*Your goal*
Go through the data below and gather each line containing "Measured".

(Extracted data entries)
####################
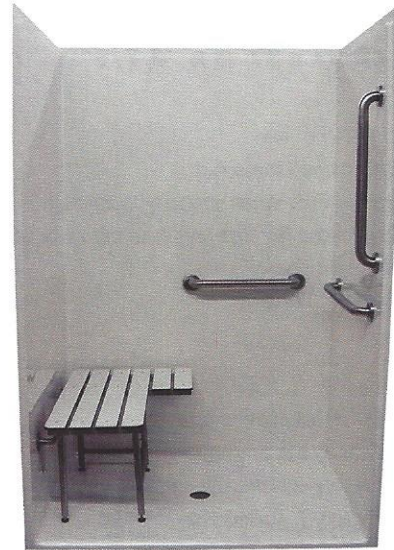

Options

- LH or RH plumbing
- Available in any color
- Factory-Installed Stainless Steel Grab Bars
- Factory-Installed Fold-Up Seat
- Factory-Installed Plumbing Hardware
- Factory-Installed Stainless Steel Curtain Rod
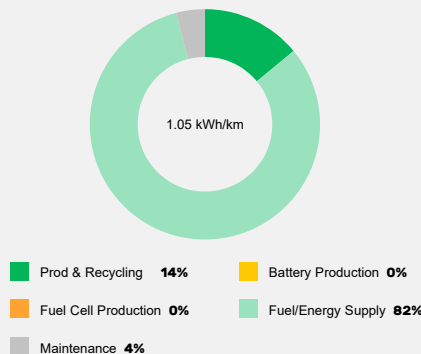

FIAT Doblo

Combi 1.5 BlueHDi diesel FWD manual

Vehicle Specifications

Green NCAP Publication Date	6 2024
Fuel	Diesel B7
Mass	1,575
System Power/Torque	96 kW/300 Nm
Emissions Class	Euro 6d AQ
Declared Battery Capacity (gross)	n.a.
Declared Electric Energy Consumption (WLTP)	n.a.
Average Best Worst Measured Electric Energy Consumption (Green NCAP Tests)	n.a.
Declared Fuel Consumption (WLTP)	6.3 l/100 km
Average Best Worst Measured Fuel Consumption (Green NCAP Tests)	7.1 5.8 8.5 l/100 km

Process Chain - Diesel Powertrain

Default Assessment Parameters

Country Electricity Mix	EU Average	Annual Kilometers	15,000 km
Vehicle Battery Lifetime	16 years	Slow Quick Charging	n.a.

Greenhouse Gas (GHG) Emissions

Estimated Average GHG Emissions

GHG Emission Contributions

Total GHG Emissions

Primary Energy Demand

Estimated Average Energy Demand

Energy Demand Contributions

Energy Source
####################
*Expected output*
Average Best Worst Measured Electric Energy Consumption (Green NCAP Tests)	n.a.
Average Best Worst Measured Fuel Consumption (Green NCAP Tests)	7.1 5.8 8.5 l/100 km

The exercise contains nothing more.